Laser Harp

[Jared] had a bunch of lasers left over from a previous project that he put to use by producing this laser harp. The look of it reminds us of a very small Koto or perhaps an Autoharp (although the chords can’t be changed on this model).

We’re so glad that [Jared] spent the time to produce such a fine looking body for the instrument. The strings that would traditionally produce the sound on a harp have been replaced with laser diodes shining at Cadmium Sulfide photo resistors. When a beam of light is broken, an Arduino detects the change via the CdS cell and plays a sound through an Altec Lansing speaker inside of the case.

Unfortunately there’s no video available but we’re pretty sure it makes a “pew-pew” sound. There is a link to download the source code but it points to the overview page instead of downloadable code. From the fritzing diagram the CdS cells are part of a voltage divider which provides digital logic to the Arduino. That should be pretty easy to replicate even without seeing [Jared’s] code and we’re sure you can source other Arduino instrument projects for tips on wave shield or midi functionality.

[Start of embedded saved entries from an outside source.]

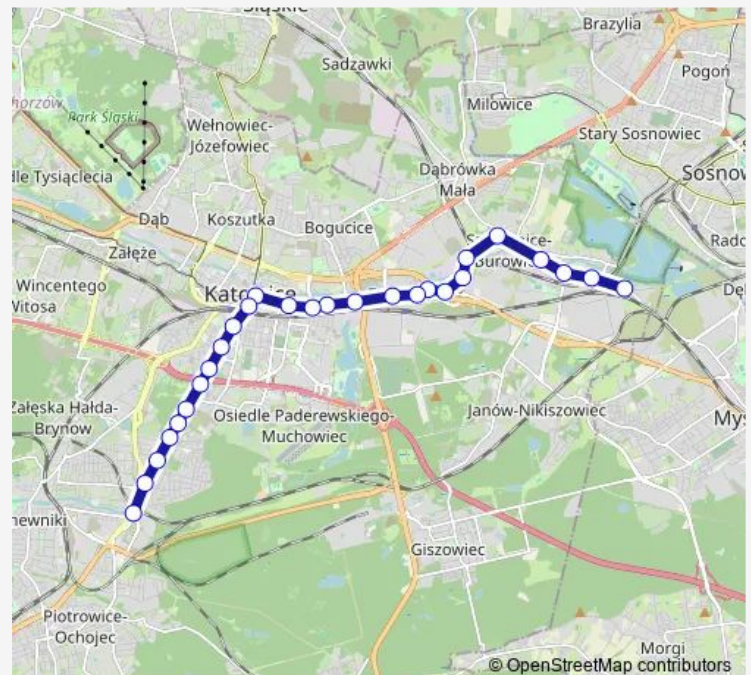

Saturday —

Sunday —

Route info

Direction: Szopienice Pętla

Stops: 27

Trip Duration: 0 hour 38 min

Katowice Kościuszki Basen

Brynów Zgrzebnioka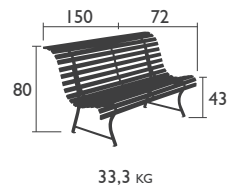

LOUISIANE

DESIGN STUDIO FERMOB

BÄNKE

1000 - BANK 150 CM
 Stahlrahmen
 20 verzinkte Vierkant-Stahlrohrlatten.
 Lieferung erfolgt demontiert.

1001 - BANK 200 CM
 Stahlrahmen
 20 verzinkte Vierkant-Stahlrohrlatten.
 Lieferung erfolgt demontiert.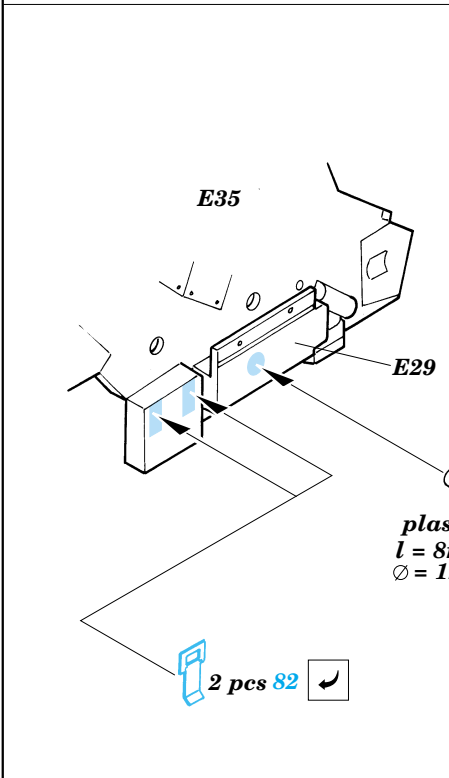

Sd.Kfz.7/2 3,7cm Flak 37

1/35 scale detail set for Tamiya No.35 144 kit • sada detailů pro model 1/35 Tamiya 35 144

eduard

35 489

- SYMETRICAL ASSEMBLY
SYMETRICKÁ MONTÁŽ
- REMOVE
ODSTRANIT
- BEND
OHNOUT
- REPLACE
NAHRADIT
- GRIND
OBROUSIT
- OPTION
VOLBA
- DRILL HOLE
VRTAT OTVOR

Print

ORIGINAL KIT PARTS
PŮVODNÍ DÍLY STAVEBNICE

PHOTO-ETCHED PARTS
LEPTANÉ DÍLY

PARTS TO BE REMOVED
DÍLY K ODSTRANĚNÍ

FILL
TMELIT

2 sets

Look for Express Mask XT 001, XT 002, XT 007, XT 008, XT 009, XT 021, XT 022, XT 023 for German Symbols and Insignias (not included in this set)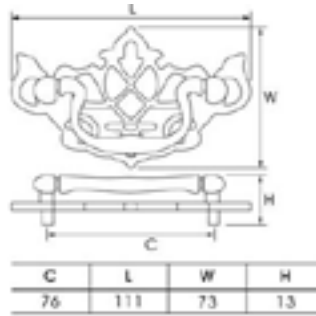

Model: SYJ3177

Material: Zinc
Antique Bronze

[Thanks The Cheap Vegetable Gardener]

12 thoughts on “Laser Harp

  1. No, there is no video or indication of what the sound from this device is like.

    Since the download link for the source code is broken, this is mainly just showing off the case design at this point. Hopefully they can get the source up for download and we can at least see how he is handling the actual audio.

  2. interesting to note that VCSEL’s can be obtained from defunct laser mice. these are infrared and limited to 0.5mW internally so can be used safely.

    the beam is also single mode so can be used with any old (cheap) IR sensor from another dead optical mouse or even one from a scanner’s home sensor.

    just a thought.

  3. Perhaps it’s just me, but this is a bit bleh without any video. No info on performance or quality of sound from the duino makes Rob a sad panda. That said, a laser koto would make my year, or what’s left of it at least. I’d have to add in tuning changes but that can’t be too hard.

  4. I think the “strings” are placed too close to each other to be really playable without any tactile feedback.

    Also, from what I remember, JMJ harp detects whether the beam in particular position gets reflected off palm, so it’s an open construction shining beams into infinity.